Prior authorization was necessary in order for the plaintiff to obtain insurance coverage for Topamax, a medication she needed to control life-threatening seizures. The plaintiff’s insurance company paid for her Topamax prescription twice without issue, but once she reached her nineteenth birthday, the insurer refused to pay for the prescription because it had not received the prior authorization form required for Topamax patients over the age of eighteen. Her family made numerous attempts to obtain the prescribed medication from her pharmacy, but to no avail. The plaintiff was unable to afford the medication without insurance, and suffered a fatal seizure.
The Supreme Judicial Court of Massachusetts held that the pharmacy had some duty to advise the prescribing physician of the need for prior authorization.
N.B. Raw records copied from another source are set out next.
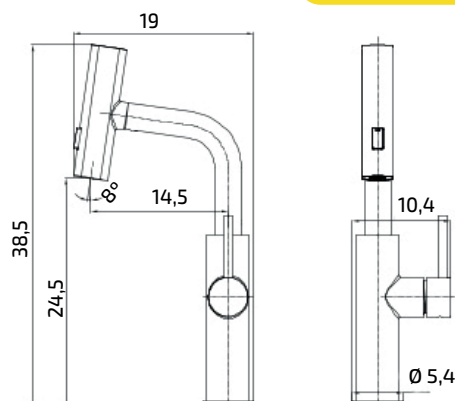

KOKAY: Um mundo de facilidades para você.

ESPECIFICAÇÕES TÉCNICAS

- Bica alta
- Bica móvel 1080º
- Acabamento na cor cinza

DIMENSÕES & PESO

Unidade: 26 x 52 x 6,5 cm (AxLxP)

Peso: 1,750Kg

Caixa: 41 x 53 x 53 cm (AxLxP)

Peso: 22,270Kg

INFORMAÇÕES FISCAIS

Classificação Fiscal (NCM): 84818019

CÓD. DE BARRAS

Unidade: 7899744091022

Caixa Mãe: 17899744091029

QUANTIDADE

Unidade: 1 peça

Caixa Mãe: 12 peças

KOKAY

**DESIGN MODERNO
E ELEGANTE**

BICA ALTA

**ACABAMENTO NA
COR CINZA**

ÁGUA QUENTE
E FRIA

3 OPCÕES
DE JATO

5

5 ANOS DE
GARANTIA

BICA MÓVEL

TRÊS OPCÕES DE JATO

*As medidas acima apresentada são em cm.

Código: 056-1123

“The pharmacist-patient relationship is unlike that of a typical store vendor and customer.” The Court then summarized some of the statutory obligations that a pharmacist has to take steps to identify and prevent medical risks to a patient. “That these statutes and regulations refer to those obtaining prescriptions as ‘patients’ rather than ‘customers’ also indicates that the relationship between pharmacist and patient goes beyond that of a typical commercial relationship. Thus, while pharmacists are not required by law or regulation to facilitate prior authorization processes for patients, it is evident that they have some role in furthering the well-being of their patients, and are well situated to assist patients with certain issues regarding their medications.”
“Walgreens conceded at oral argument that it has a duty to notify the patient of the need for prior authorization, but maintains that it has no duty to notify the prescribing physician.” The Court, however, found that: “A pharmacist exercising the skill and knowledge normally possessed by members of the professional community ordinarily would notify a patient and the prescribing physician that prior authorization is needed…. Notice to the patient, however, is insufficient to discharge the pharmacy’s duty. It is particularly important in these circumstances that the pharmacy also notify the physician directly to avoid foreseeable harm.”
The Court made it clear, at the same time, that pharmacies were not required “to monitor or supervise prescribing physicians…. The duty we recognize in this case…does not require pharmacies to control the actions of prescribing physicians by, for example, imposing enforcement mechanisms should a physician fail to complete a prior authorization form. Rather, pharmacies simply must take reasonable steps to notify patients and prescribing physicians that, if the physician wants a patient to receive insurance coverage for the prescribed medication, the physician must complete a form. Additionally, Walgreens’s concern that recognizing a duty here will expose pharmacies to liability every time payment is denied by a health insurer is unfounded. Our decision only covers situations where insurance coverage is denied specifically because a prior authorization form is required. Pharmacies can protect themselves from liability in these instances simply by notifying the patient and prescribing physician by any reasonable means, and making a contemporaneous record of having done so.”
Correa v. Schoeck, No.12409, 2018 WL 2729350 (Mass. June 7, 2018).